0

EVDE BİR BEN BİR DE O !

Benim kız 2 hafta önce ameliyat oldu ( kız = köpek )
Günlük pansumanı , maması , ilacı derken bu aralar günler genelde evde geçiyor ...güzel de geçiyor; du ta ki bu sabah mutfakta bir canlı ile karşılaşıncaya kadar ! Gün  gün değil gerilim filmi oldu!  Bu böcek korkusu yıllardır tepemde...Hayır timsah görsem mutfakta bu kadar korkmam...Bazı insanlar korku değilde iğrenme diyorlar. Hayır efendim ben ciddi ciddi korkuyorum cüssesimin neredeyse binde 1i varlıktan :( Gece keşke pencereyi açık bırakmasaydım diye tüm gün söylenip durdum. Susuzluktan kurumak üzereyken ( mutfağa su almaya dahi giremedim, ciddiyim !)eşimi işten eve çağırma noktasına geldim gittim geldim vazgeçtim.

 
Korkularının üzerine git mevzusu her konuda geçerli olabilir benim için ama ,söz konusu böcek ise ( yazarken irkiliom adını ) gitmemmmm ! Yıllardır tartışılır korku içgüdüsel midir sonradan mı öğrenilir ? Çoğunluk sonradan öğrenilir diyor...Peki ne zaman öğreniyoruz , nasıl öğreniyoruz, neden bazılarımız hiç kormazken bazılarımız benim gibi çıldırıyor ? Bu beyin işi bir garip ...kaç kitap okudum hala benim için en gizemli şey...
Neyse, evde bir o bir ben tüm günü geçirdik ki kendisini görmemle ortalıktan kaybolması bir oldu.Şu an nerede napıyor ilgilenmememkle beraber, İstanbul bugün cayır cayır yanarken evde, ev botlarıyla geziyorum!

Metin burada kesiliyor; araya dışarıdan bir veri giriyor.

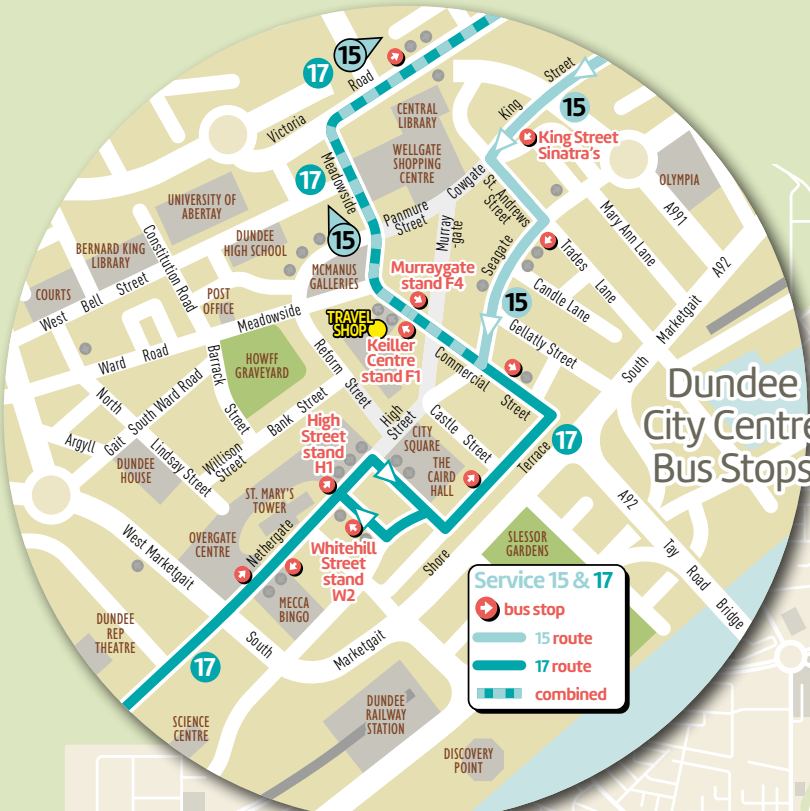

15 17 Whitfield to the City Centre

Monday to Friday
between 0852 and 1502
up to every **10 mins**

Saturday
between 1002 and 1642
up to every **10 mins**

Service 15 & 17

- bus stop
- 15 route
- 17 route
- combined

Ev hapsinde olunca , bir de mutfak bugün devre dışı olunca marketten almam gerekenleri napsam diye bakındım webte. Carefourun online siparişini görünce pek bi sevindim ama sonra sevincim teslimatın saat aralıklarında yapıldığını görüp tek müsait saatin akşam olduğunu görünce başladığı yerde kaldı.Sonra dur ben bizim eve yakın Carefouru arayayım dedim, Ta ta ta hemen getiriyorlarmış ! Ne şahane hizmet ama.Ben web sitelerinden dilediğim marka ürünleri seçtim, telefondaki bayana ilettim 30 dk sonra torbalar kapıda ! Zaman tasarrufuna verdikleri bu hizmet için kendilerine teşekkür ederim:) Ayrıca açken markete gitmek uzuuuuun bir fiş ile çıkmaktır bilirsiniz, bu sayede kaçamaklarınızın da önüne gçemiş oluyorsunuz :) ( Bakınız BOO diyetle kafayı bozmuş durumda )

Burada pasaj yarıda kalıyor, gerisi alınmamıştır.